= Required work =
Only one stretch of the data below is wanted: the lines starting at the one with "Chrom matt - C02" and ending at the one with "Pvd graphite matt - H65", both included, given again exactly.

++++ Extracted entries ++++

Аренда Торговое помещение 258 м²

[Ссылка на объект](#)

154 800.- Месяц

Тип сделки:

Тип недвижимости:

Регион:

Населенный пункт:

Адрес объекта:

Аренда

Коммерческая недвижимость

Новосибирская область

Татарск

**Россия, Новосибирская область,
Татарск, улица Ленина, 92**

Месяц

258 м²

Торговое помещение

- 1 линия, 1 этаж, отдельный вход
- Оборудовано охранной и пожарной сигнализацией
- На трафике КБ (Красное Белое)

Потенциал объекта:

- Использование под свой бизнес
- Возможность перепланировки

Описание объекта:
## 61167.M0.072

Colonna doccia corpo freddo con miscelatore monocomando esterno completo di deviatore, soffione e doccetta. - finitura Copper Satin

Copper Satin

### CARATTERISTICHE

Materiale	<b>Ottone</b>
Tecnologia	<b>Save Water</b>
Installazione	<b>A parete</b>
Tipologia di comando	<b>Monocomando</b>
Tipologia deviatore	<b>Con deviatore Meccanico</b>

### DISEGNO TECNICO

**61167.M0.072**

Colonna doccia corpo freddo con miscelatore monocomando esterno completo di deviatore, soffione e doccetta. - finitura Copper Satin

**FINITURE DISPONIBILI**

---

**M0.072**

++++
++++ Extracted entries ++++

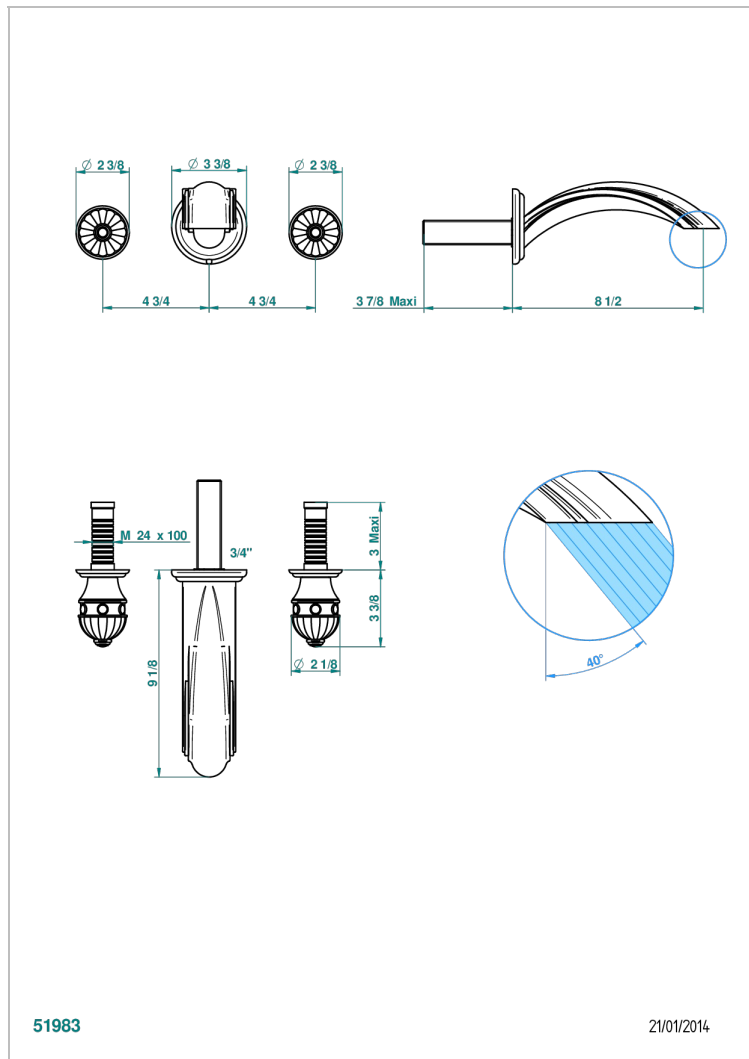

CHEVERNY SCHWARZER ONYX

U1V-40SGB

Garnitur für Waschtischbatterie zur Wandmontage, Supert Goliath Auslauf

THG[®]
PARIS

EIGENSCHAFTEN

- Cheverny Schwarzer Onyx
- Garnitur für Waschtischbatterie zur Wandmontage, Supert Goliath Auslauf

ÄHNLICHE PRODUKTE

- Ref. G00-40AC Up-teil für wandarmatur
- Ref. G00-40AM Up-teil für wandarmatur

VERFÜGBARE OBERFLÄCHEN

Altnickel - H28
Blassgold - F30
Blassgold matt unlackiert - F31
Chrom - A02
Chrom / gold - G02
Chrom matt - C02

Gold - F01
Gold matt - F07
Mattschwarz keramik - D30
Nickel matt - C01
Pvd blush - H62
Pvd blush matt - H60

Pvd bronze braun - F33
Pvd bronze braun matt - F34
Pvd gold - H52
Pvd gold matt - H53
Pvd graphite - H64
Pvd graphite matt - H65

++++

= Task response =
Chrom matt - C02

Gold - F01
Gold matt - F07
Mattschwarz keramik - D30
Nickel matt - C01
Pvd blush - H62
Pvd blush matt - H60

Pvd bronze braun - F33
Pvd bronze braun matt - F34
Pvd gold - H52
Pvd gold matt - H53
Pvd graphite - H64
Pvd graphite matt - H65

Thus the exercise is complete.